After we got back into the room and Macy confirmed to her mom that she was keeping the baby, things seemed to pick up speed. Mary left the room to tell Macy’s dad the happy news and she came back a few minutes later to tell us that he was thrilled. Less than half an hour later Macy was in what they said was a birthing tub, with her mom clutching one hand while I held the other. The midwife was in the water coaching her and I watched in absolute awe as Macy followed the instructions perfectly. I had expected her to be screaming in agony, but she held it all in, only letting out quiet grunts and groans.

“I… don’t… want… my baby… to hear… me screaming.”

She amazed me with her strength as the minutes stretched into an hour. Finally it was time for her to really push and the room was abuzz with activity as other assistants came in to help the midwife. Bearing down, Macy followed all of the midwife’s instructions and within ten minutes she was pushing for the final time.

When the midwife lifted the baby up and out of the water, my jaw dropped. I heard someone saying that it was a girl, but I couldn’t take my eyes off this beautiful and perfect child that was so clearly not Brady or Chad’s. They’re white as can be, but Macy’s ex-boyfriend Steve was African-American and there is no doubt that this caramel colored little girl came from him.

“Oh my God,” Macy sobbed. “Oh my God! I never thought… She’s Steve’s. We used condoms! I can’t believe… She’s a miracle.”

Macy cried in wonder as she held the beautiful little girl that she had brought into the world against her chest. “Even when I thought she was Brady’s or Chad’s I loved her. She had my heart no matter who fathered her…it wouldn’t have mattered.”

I know that it wouldn’t have mattered, but I’d be lying if I said I wasn’t relieved for the baby that she wasn’t going to have to deal with the same feelings and emotions that Tristan and Trace have had to.

I fell head over heels in love with that little girl when Macy’s mom settled her into my arms, and I cried like a baby when Macy announced that she was naming the baby after the world’s best aunt and grandmother. In addition to being perfect and beautiful, Mia Mary Evans smelled heavenly and I inhaled her baby scent again and again with a smile on my face.

Just over nine months after Brady and Chad had altered the course of our lives forever, Macy and I were both smiling and happy to be alive. I cried tears of joy that I had my best friend back.

* * *

I fell asleep in a recliner in Macy’s room and didn’t wake up for a few hours. After spending some more time with baby Mia, I left to make the drive back to Tristan’s. I’d been texting with him since I had left his house last night and when I told him that I was going to be back soon, he assured me that a McDonald’s Egg McMuffin and an orange juice would be waiting for me.

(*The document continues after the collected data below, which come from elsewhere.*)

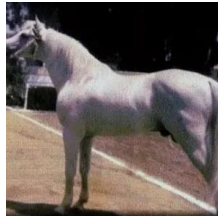

FIGUROSO

Arabian | Male | Grey

BORN 1966

PARENTS

GRANDPARENTS

GREAT-GRANDPARENTS

GG-GRANDPARENTS

SIRE LINE

DAM LINE

Tabal

1952
Grey
Owner: Yeguada Militar

CONGO

1941
SSB 1839

HILANDERA

1942

Ilustre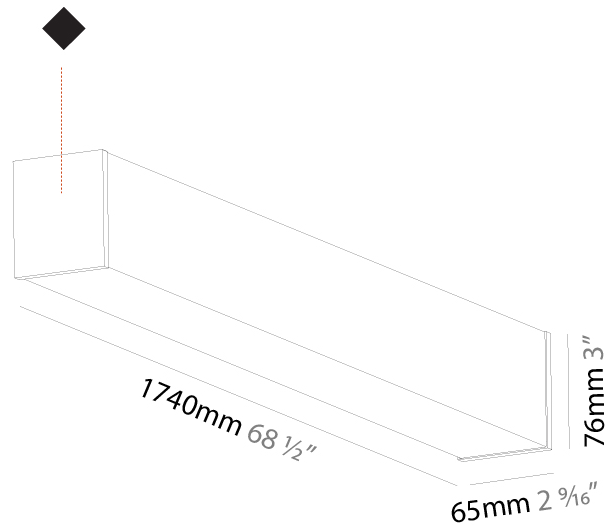

FINO SURFACE

A3D126-

base number	LED Dimming	Color Temperature	Finishes (Diamond)

1. To build a product code in our configurator select the specify button on the base model # product page
2. To build a manual product code on this datasheet choose from the options listed below in blue font and add the suffix to the base model #

GENERAL

Series: Fino
Partner: Prolicht
Division: Architectural
Installation: Surface
Product Type: Linear Profiles
Mounting Location: Ceiling

PHYSICAL

Shape: Rectangle
Length (mm): 1740
Length (in): 68 1/2
Width (mm): 65
Width (in): 2 9/16
Height (mm): 76
Height (in): 3
Weight (kg): 4.665
Weight (lbs): 10.284
Diffuser: PMMA - Opal
Fixture Finish: SSR / BKV / CWI / CRY / HAB / UFT / ITA / RUA / FTG / MYG / LOD / PUS / FRO / FUP / KIA / POP / BLS / SPG / MEY / GOH / CHC / COM / ABZ / JAG / OBR / MOS / ROR
Fixture Material: PMMA / Aluminum

ELECTRICAL

Lamp Type: LED (Zhaga Standard)
Input Wattage (W): 30
Total Output Wattage (W): 24 / 19.2 (3500K)
Dimming: Non-Dimming / Phase Dimming (120Vac only) / 0-10V Dimming
Driver Included: Yes
Driver Location: Integrated
Driver Type: Constant Current - 120 / 277Vac
Driver Class: Class 2
Input Voltage (V): 120 - 277
Constant Current (MA): 350 / 600 (3500K)

LED

Color Temperature (°K): 3000 / 3500 / 4000
Max. Delivered Lumen (lm): 3430 / 3548 / 3620
CRI: >80 CRI
Lamp Life (hrs): 50000

OPTICAL

RATINGS AND CERTIFICATIONS

Certified By: Certified for North American Standards
IP rating: IP20

I burst into tears when I read the note that he’d left next to the food on the table.

Beautiful girl

I’m so proud that you’re mine

You’re the definition of strength and beauty

You caught my fall and saved me from myself

Just by being you

You’re my gift

And I will treasure you

You’re all I wantto see

You’re all I want to taste

You’re all I want to feel

Only you

Just you

Just. You.

He hugged and kissed me deeply after I stopped crying about how beautiful what he had written was, and then we ate breakfast. Actually, he ate and I inhaled. After we ate he carried me to his bedroom where he got me undressed and put me into one of his t-shirts to sleep in. Laying me down gently on the bed, he curled up like a spoon behind me and held me as I filled him in on everything that had happened over the course of the night.

“Will she tell this Steve guy that he’s got a daughter?”

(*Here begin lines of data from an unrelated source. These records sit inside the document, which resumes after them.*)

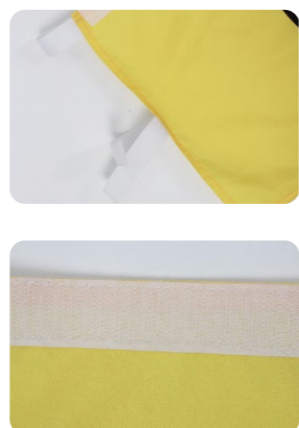

Tent Banner

Besides regular graphics like tent top, half walls, and full walls, CFM has been exploring more and more accessories & add-ons like tent leg cover, tent valance for your advertising tents.

- Create extra advertising for your brand
- Easy to set up
- Full-color printing

Curve Tent Billboard Banner (SKU:ATCTBB)

180g Elastic Polyester

Product Size
10'X10'

Square Tent Billboard Banner (SKU:ATSTBB)

180g Elastic Polyester

Product Size
10'X10'

Tent Valance Banner (SKU:ATTVB)

600D PU Polyester

Item NO.	Product Size
ATTVB-PU600D-10	10'X10'
ATTVB-PU600D-15	10'X15'
ATTVB-PU600D-20	10'X20'

Tent Canopy Ceiling (SKU:ATTCC)

180g Elastic Polyester

Item NO.	Product Size
ATTCC-PU600D-10	10'X10'
ATTCC-PU600D-15	10'X15'
ATTCC-PU600D-20	10'X20'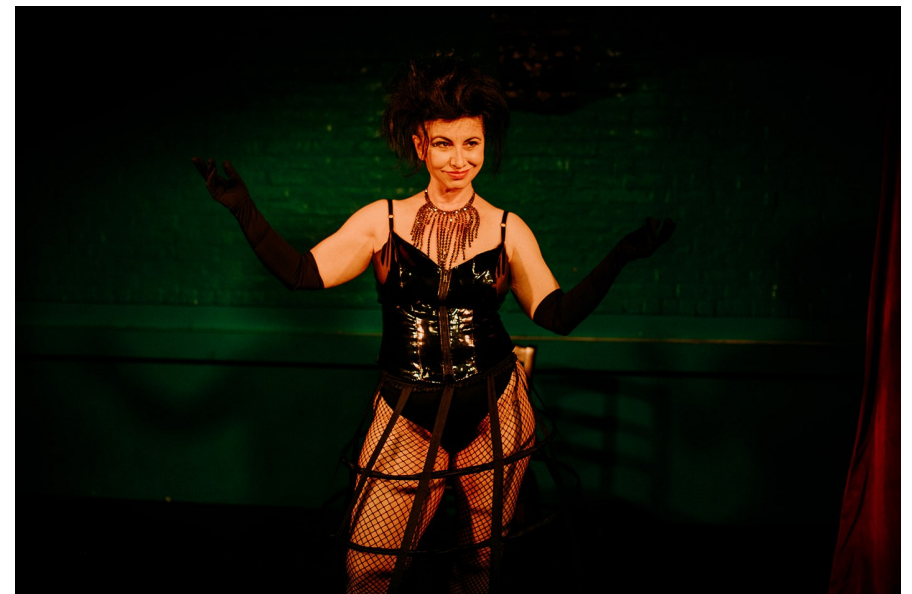

Jo Marsh

Height 160cm Bust 99cm DD Waist 86cm Hips 105cm Dress 40-42  
EU/12-14 UK Shoe 38 EU/5 UK Top M Bottom L Hair Dark Brown  
Eyes Brown

*Activation Actors*  
Talent Agency

Email: [info@activationactors.co.nz](mailto:info@activationactors.co.nz)

“She will but she doesn’t know how he’s going to take it and she isn’t sure that she even wants him involved, so she’s not going to list him on the birth certificate. Steve was a real asshole to her and I can’t help but blame him for what happened that night. His screwing with Macy’s head as badly as he did is what sent her over the edge and made her so desperate to blunt the pain. It’s not my decision though; it’s hers. Honestly, he’s kind of an asshole and I don’t know how he’s even going to feel when he finds out that he has a daughter. It could go either way, really. He may want to know her, or he may not. Either way, Macy says she’s fine with whatever comes. She’s got baby Mia now and she says that’s all she really cares about.”

“That’s good. The world could use more people like Macy. I can’t wait to meet her and the baby.”

My heart warmed and I swallowed past tears. “I love you.”